**PROBLEM DESCRIPTION**
Would you output the listing exactly, with every image omitted?

= Beginning of Section =

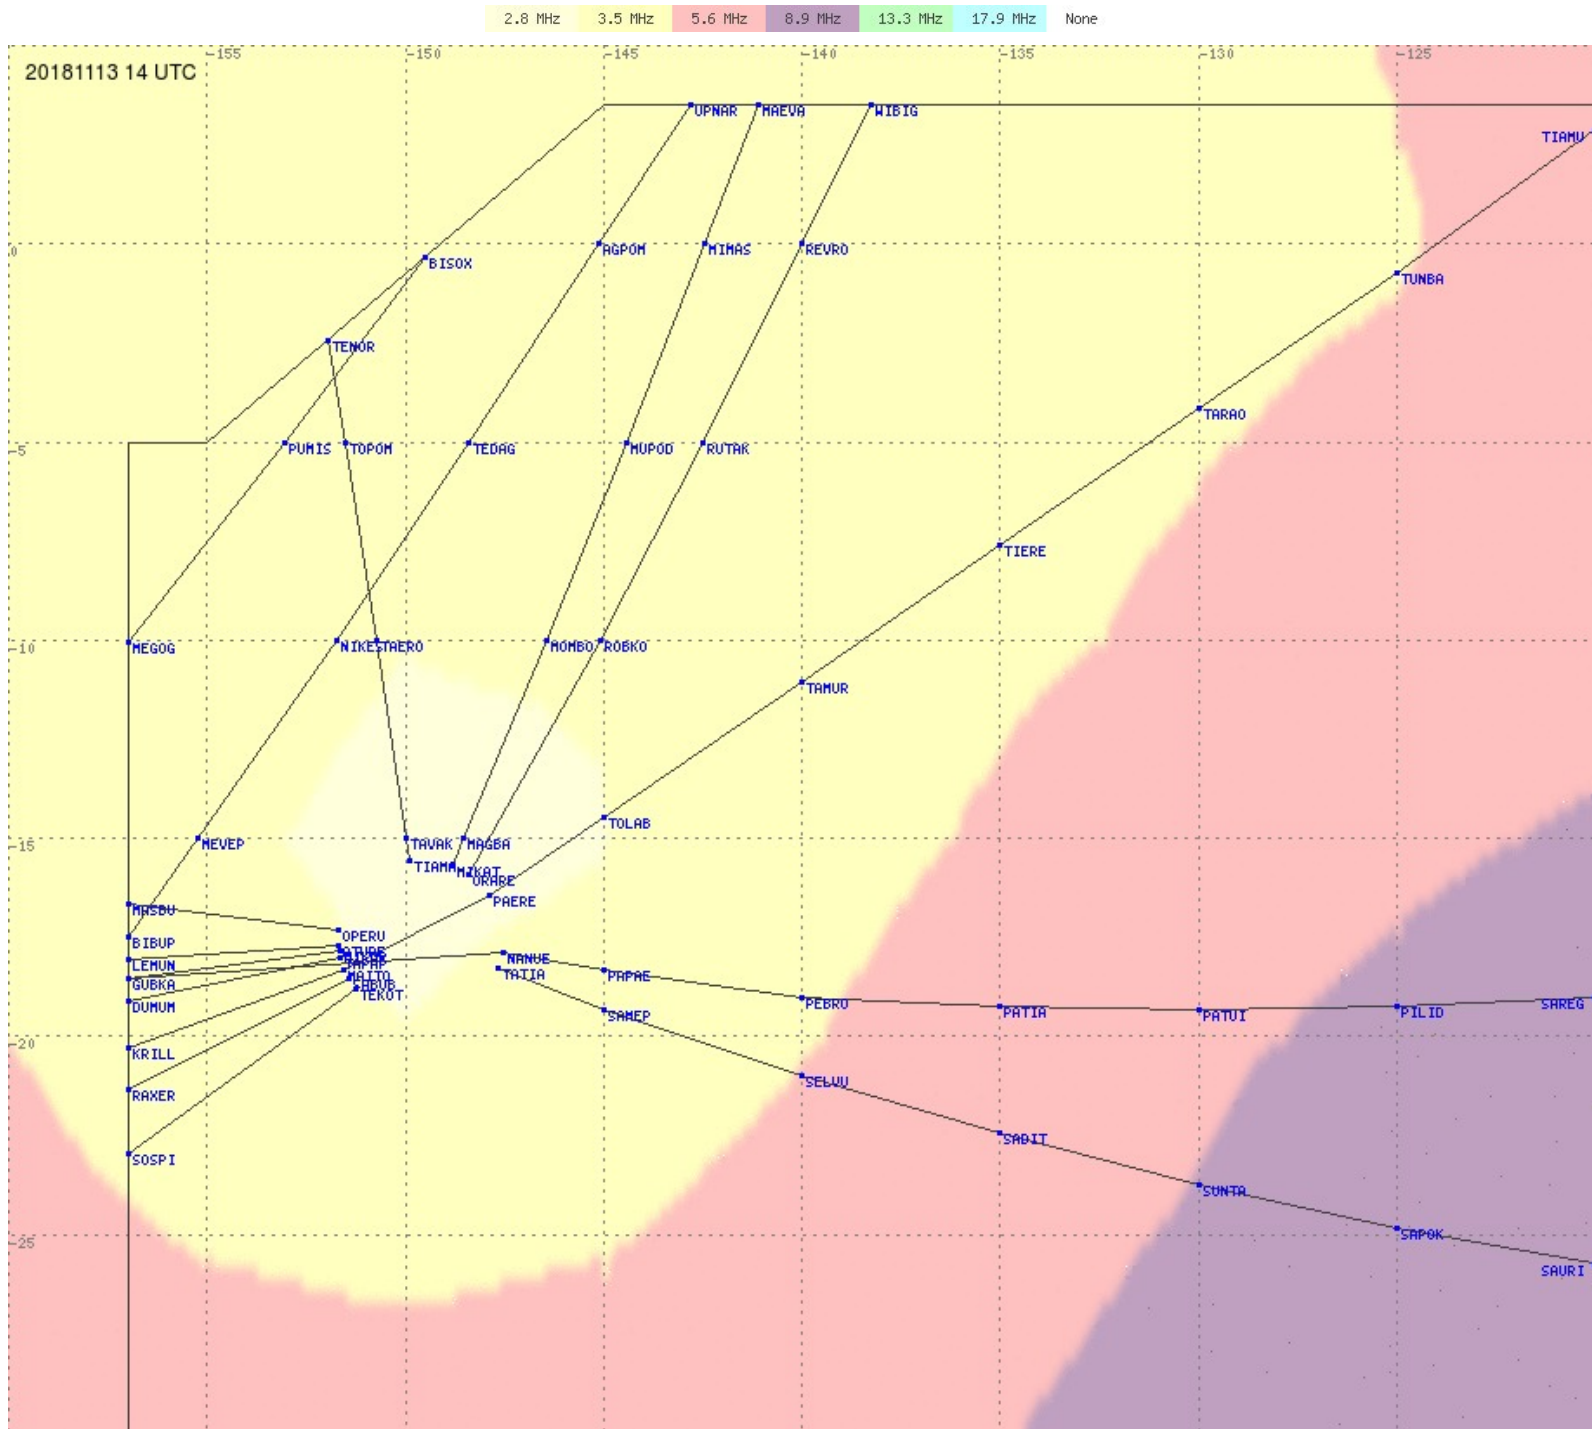

2.8 MHz 3.5 MHz 5.6 MHz 8.9 MHz 13.3 MHz 17.9 MHz None

Tahiti FIR - HF Propag - 20181113

2.8 MHz 3.5 MHz 5.6 MHz 8.9 MHz 13.3 MHz 17.9 MHz None

Tahiti FIR - HF Propag - 20181113

2.8 MHz 3.5 MHz 5.6 MHz 8.9 MHz 13.3 MHz 17.9 MHz None

Tahiti FIR - HF Propag - 20181113

Tahiti FIR - HF Propag - 20181113

Tahiti FIR - HF Propag - 20181113

Tahiti FIR - HF Propag - 20181113

2.8 MHz 3.5 MHz 5.6 MHz 8.9 MHz 13.3 MHz 17.9 MHz None

Tahiti FIR - HF Propag - 20181113

Tahiti FIR - HF Propag - 20181113

Tahiti FIR - HF Propag - 20181113

Tahiti FIR - HF Propag - 20181113

Tahiti FIR - HF Propag - 20181113

Tahiti FIR - HF Propag - 20181113

2.8 MHz
3.5 MHz
5.6 MHz
8.9 MHz
13.3 MHz
17.9 MHz
None

= End of Section =

**RESULT FOR THIS TASK**
2.8 MHz 3.5 MHz 5.6 MHz 8.9 MHz 13.3 MHz 17.9 MHz None

Tahiti FIR - HF Propag - 20181113

2.8 MHz 3.5 MHz 5.6 MHz 8.9 MHz 13.3 MHz 17.9 MHz None

Tahiti FIR - HF Propag - 20181113

2.8 MHz 3.5 MHz 5.6 MHz 8.9 MHz 13.3 MHz 17.9 MHz None

Tahiti FIR - HF Propag - 20181113

Tahiti FIR - HF Propag - 20181113

Tahiti FIR - HF Propag - 20181113

Tahiti FIR - HF Propag - 20181113

2.8 MHz 3.5 MHz 5.6 MHz 8.9 MHz 13.3 MHz 17.9 MHz None

Tahiti FIR - HF Propag - 20181113

Tahiti FIR - HF Propag - 20181113

Tahiti FIR - HF Propag - 20181113

Tahiti FIR - HF Propag - 20181113

Tahiti FIR - HF Propag - 20181113

Tahiti FIR - HF Propag - 20181113

2.8 MHz
3.5 MHz
5.6 MHz
8.9 MHz
13.3 MHz
17.9 MHz
None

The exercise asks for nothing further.